Evaluation produces a decision. Example:
{
  "action": "approve",
  "requires_override": false,
  "reason": "policy_requirements_satisfied"
}
Or:
{
  "action": "reject",
  "requires_override": true,
  "reason": "policy_requirements_not_satisfied"
}
The decision is deterministic because the evidence was deterministic.

Attestation

Every decision can be signed.
Decision

Attestation
The attestation records:
  • Policy
  • Policy version
  • Decision
  • Evidence fingerprint
  • Provenance
  • Signature
This creates a verifiable authorization record.

Execution

Execution occurs outside Parmana.
Decision

External System

Execution
Examples:
Bank Transfer
Claim Approval
Refund
Vendor Creation
Account Closure
Parmana verifies authority. External systems perform execution.

Execution Integrity

After execution:
Authorization

Execution

Confirmation
Parmana can verify that execution matched authorization.
Authorized Action

Executed Action

Integrity Proof
This creates evidence that the approved action is the action that actually occurred.

Banking Example

A customer asks an AI assistant to transfer money.
Customer

AI Assistant
The AI captures the request.
Transfer ₹10,000
The bank verifies facts.
Customer Authenticated
Account Owner Verified
Balance Available
Destination Verified
The verified signals are sent to Parmana.
Verified Signals

Parmana
Parmana evaluates policy.
Approve
The bank executes the transfer.
Bank Executes Transfer
The bank confirms execution.
Execution Integrity Proof
Result:
AI Captured Request
Bank Verified Facts
Parmana Enforced Policy
Bank Executed Decision

Why This Model Matters

Without this model:
Request

Application Logic

Decision
Required evidence is often unclear. Authority is difficult to audit. Policy enforcement varies between systems. With the Task → Policy → Schema Model:
Task

Policy

Schema

Required Signals

Verified Signals

Evaluation
The required evidence becomes deterministic.

Benefits

Consistency

Every evaluation uses the same required evidence.

Auditability

Organizations can prove which evidence was required.

Determinism

Policies define required facts explicitly.

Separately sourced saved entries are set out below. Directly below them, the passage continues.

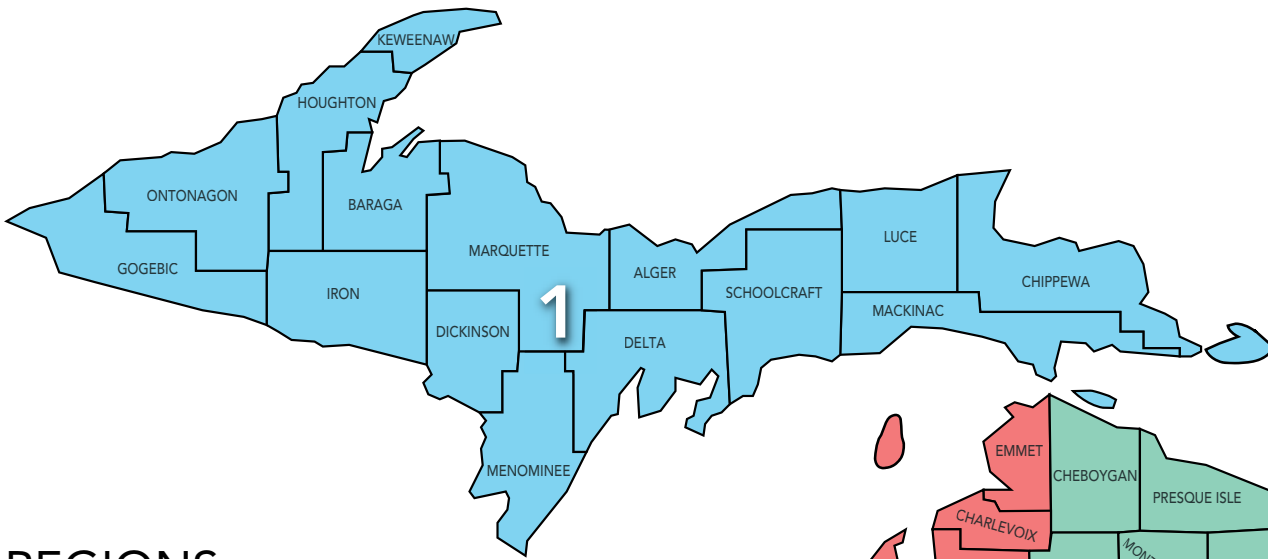

Community Assistance Team

Community Development

REGIONS

1 **Upper Peninsula region**
Jennifer Tucker 906.201.4367
tuckerj6@michigan.org

2 **Northwest region**
Dan Leonard 989.387.4467
leonardd6@michigan.org

3 **Northeast region**
Dan Leonard 989.387.4467
leonardd6@michigan.org

4 **West Michigan region**
Sue DeVries 616.430.0280
devriess1@michigan.org

Lindsay Viviano 517.249.0408
vivianol1@michigan.org
(Kent, Muskegon, and Ottawa counties)

5 **East Central Michigan region**
Chelsea Rowley 989.475.7015
rowleyc1@michigan.org

6 **East Michigan region**
Charles Donaldson 810.241.6658
donaldsonc2@michigan.org

7 **South Central region**
Nate Scramlin 517.862.7742
scramlinn@michigan.org

8 **Southwest region**
Emily Petz 269.568.0371
petze1@michigan.org

9 **Southeast Michigan region**
Paula Holtz 517.243.5689
holtzp@michigan.org
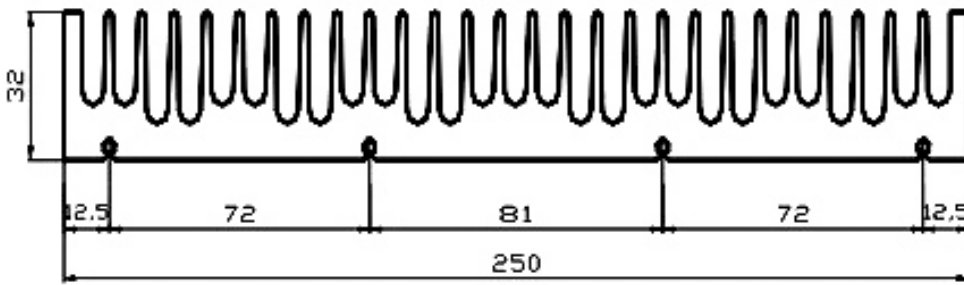

ZH-4185

Technical data:

Width: 250 mm
Height: 32 mm
Weight: 11,58 Kg/m

Marking:

ZH-4185 / 80 / BK
└──┬──┘ surfacing - eloxal coating
└──┘ length - 80 mm
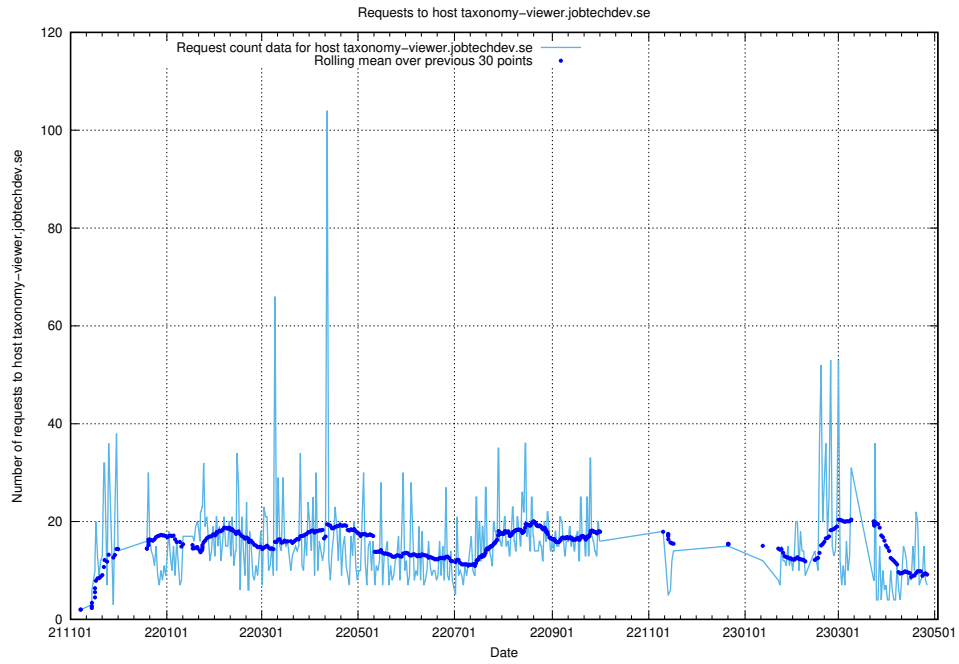

7.80 Usage of taxonomy-viewer.jobtechdev.se

Here, we count the number of requests to host taxonomy-viewer.jobtechdev.se.
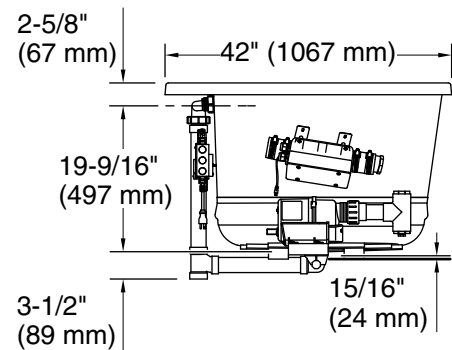

No change in measurements if connected with drain illustrated. (K-7272)

Drop-in Rim Detail

Blower Motor Access
30" (762 mm) W x 15" (381 mm) H Min

Required Electrical Service

Two dedicated circuits required, protected with Class A Ground-Fault Circuit-Interrupter (GFCI). Outside North America, this device may be known as a Residual Current Device (RCD).

Blower, Heated	120 V, 15 A, 60 Hz
Surface:	
Air bath:	120 V, 15 A, 60 Hz

Technical Information

All product dimensions are nominal.

Installation:	Drop-in, Undermount
Drain location:	Center
Basin area, bottom:	46-5/16" x 31-3/16" (1177 mm x 792 mm)
Basin area, top:	63-7/16" x 34-1/4" (1611 mm x 869 mm)
Weight:	136 lbs (61.7 kg)
Minimum floor load:	53.7 lbs/ft ² (262.2 kg/m ²)
Water depth:	18-5/8" (472 mm)
Water capacity:	112.2 gal (424.7 L)
Template:	Drop-in, 1268440-7, required, included
Electrical component rating:	Blower: 120 V, 10 A, 60 Hz Heated Surface: 120 V, 0.5 A, 60 Hz, 65
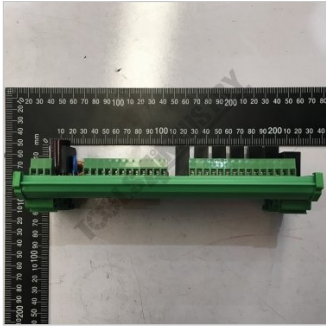

#T16
MAIN PC BOARD
WITH SURGE PROTECTION

MAIN PC BOARD #T16

Specifications

ORDER CODE ~
Size

Separation of Responsibilities

AI

Captures Request

External Systems

Verify Facts

Parmana

Evaluates Policy

External Systems

Execute Action
Each component has a clear responsibility.

Independent Verification

Because evidence requirements originate from policy, auditors can independently verify:
Which policy applied?
Which evidence was required?
Which facts were verified?
What decision was made?

Core Insight

The Task → Policy → Schema Model makes authority verification deterministic.
Task

Policy

Schema

Required Signals

Verified Signals

Decision
Once the task is known, the policy is known. Once the policy is known, the schema is known. Once the schema is known, the required evidence is known. This is how Parmana transforms authority verification from application-specific logic into a verifiable system.